The Salem-Keizer Volcanoes, a single A short season minor league baseball team in the Mavericks Independent Baseball League, play at Volcanoes Stadium in Keizer. In addition to minor league baseball, Volcanoes Stadium has hosted the OSAA baseball championship and a Civil War baseball game between the University of Oregon Ducks and Oregon State University Beavers.

==Education==
Keizer is part of the Salem-Keizer School District and has one high school: McNary; two middle schools: Claggett Creek and Whiteaker; and seven elementary schools: Clear Lake, Cummings, Forest Ridge, Gubser, Keizer, Kennedy and Weddle.

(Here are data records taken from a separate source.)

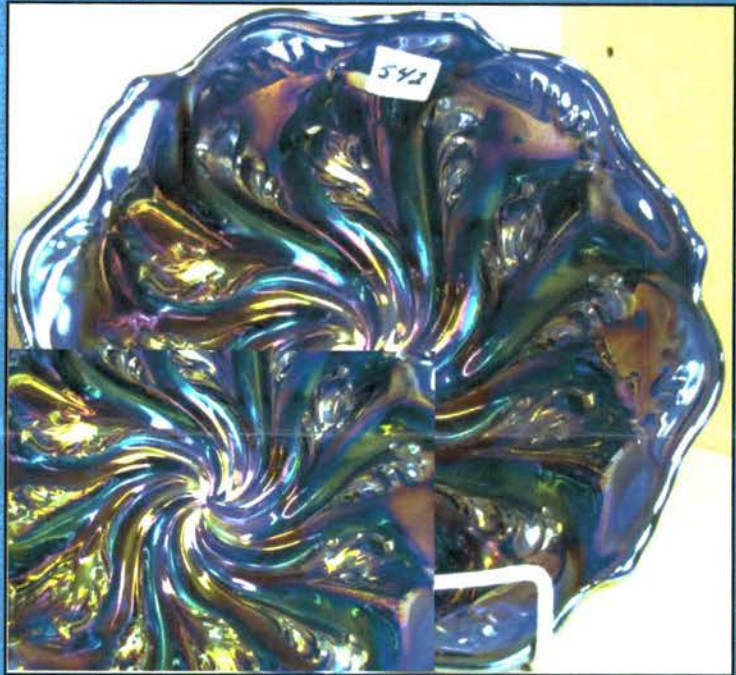

Other hotels: Greenville Inn 937-548-3613 (ask for special rate and they allow small pets!); Comfort Inn - 937-316-5252

Call us: 937.548.7835

email us: office@jimwrodaauction.com

- | | | | |
|----|--|----|---|
| 1 | 2 pc contemporary glass | 26 | West BO Dogwood Spray bowl |
| 2 | 2 contemporary toothpicks | 27 | West BO Scales bowl |
| 3 | Mburg green Trout & Fly 3-1 edge bowl | 28 | European 9" green 4 Flowers vari plate |
| 4 | Mburg 8" green Mayan bowl | 29 | Blue Curved Star chalice |
| 5 | Mburg 8" mari Little Stars ICS rad bowl. RARE | 30 | Blue lucille water pitcher |
| 6 | Mburg green Holly sprig card tray | 31 | Elec. purple Open Rose tumbler |
| 7 | Mburg purple Hobnail Swirl rosebowl | 32 | Elec. purple 9" Beaded Bulls eye vase |
| 8 | Mburg 7" green Little stars ruffled bowl | 33 | Elec. purple Diamond Lace water pitcher |
| 9 | Dugan 8" purple Lined Lattice vase | 34 | Elec. purple Diamond Lace tumbler |
| 10 | Dugan BLUE Windflower plate. Scarce | 35 | mari Poinsettia milk & Open rose creamer pitchers |
| 11 | Dugan 10" PO Wishbone & Spades ruffled bowl | 36 | Mari Open rose plate |
| 12 | Dugan PO Star fish compote | 37 | Imp 5" purple Windmill deep bowl |
| 13 | Dugan purple Flowers & Frames bowl. Nice elec. hi-lights | 38 | Imp 8" elec. purple grape plate |
| 14 | Dugan elec. purple Cherries ft'd bowl | 39 | Imp elec. purple Scroll Embossed bowl |
| 15 | Dugan purple Nautilus gravy | 40 | celeste blue stretch 4" rosebowl |
| 16 | Dugan white Constellation compote | 41 | Fenton 11" purple April showers vase |
| 17 | Dugan mari Constellation compote | 42 | Fenton 10" Green Diamond rib vase |
| 18 | Dugan 6" PO Petal & fan CRE plate | 43 | purple Floral & Grape pitcher |
| 19 | Dugan blue God & Home tumbler | 44 | Fenton 9" blue Peacock at Urn bowl. Neat sapphirish irid. |
| 20 | Dugan 7" purple Six Petals bowl | 45 | Fenton 9" blue Leaf chain plate |
| 21 | Dugan purple Fisherman's mug | 46 | Fenton purple Concord 3-1 edge bowl |
| 22 | Dugan 6" pastel mari Fish scale & beads plate | 47 | Fenton 9' mari Holly plate |
| 23 | Dugan 6" purple Ski Star & 4 Flowers bowls 1 money | 48 | Fenton 8" purple Captive rose ICS bowl |
| 24 | Dugan 6" PO GP Variant & Persian Garden bowls. 1 money | 49 | mari Holly hat |
| 25 | Cambridge mari Inverted Strawberry spittoon | 50 | Fenton blue Holly 3-1 edge bowl |

The first schoolhouse in the Keizer area was built in 1878, and its first teacher was Nina McNary, older sister of U.S. Senator Charles L. McNary. The first school was torn down in 1915 and replaced in 1916 with the building that now serves as the Keizer Heritage Community Center. By the 1980s, the 1916 Keizer Elementary School was judged unsafe and a new school was built in 1987. Cummings School was built in 1953 to serve the area's growing population. In 1955, Keizer School District #88 and Salem School District # 24CJ merged to form the Salem Keizer School District.

==Media==
- Keizertimes – weekly newspaper

==Notable people==
- Vic Backlund (born 1936), state legislator for Keizer and high school coach
- Grayson Boucher (born 1984), streetball player for the AND1 Mixtape Tour
- Deen Castronovo (born 1964), drummer for Ozzy Osbourne and Journey
- Daniel R. Hokanson, lieutenant general in the U.S. Army
- Charles L. McNary, U.S. senator from 1917 to 1944

==Sister cities==
Keizer has a sister city relationship with Iyo, Japan (2025).